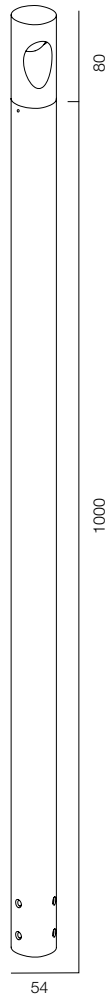

POST R54 BAMBOO 1000

POST R54 BAMBOO

POWER - 4W / FLOOD / CCT - 2200K, 2700K / CRI>97 Ra (R9>90) / COMFORT - UGR <19 / IP65 / 220V (driver included) / CONTROL - NO DIM / WARRANTY - 2 YEARS

FINISHES: PAINT (grey) / 100% BRASS (gold)

◇ ◇ ◇ ◇ ◇ ◇ ◇

[Assignment]: Would you return exactly, and only, the lines beginning at the one with "POWER - 4W /" and ending at the last line of the listing?

[Result of the task]:
POWER - 4W / FLOOD / CCT - 2200K, 2700K / CRI>97 Ra (R9>90) / COMFORT - UGR <19 / IP65 / 220V (driver included) / CONTROL - NO DIM / WARRANTY - 2 YEARS

FINISHES: PAINT (grey) / 100% BRASS (gold)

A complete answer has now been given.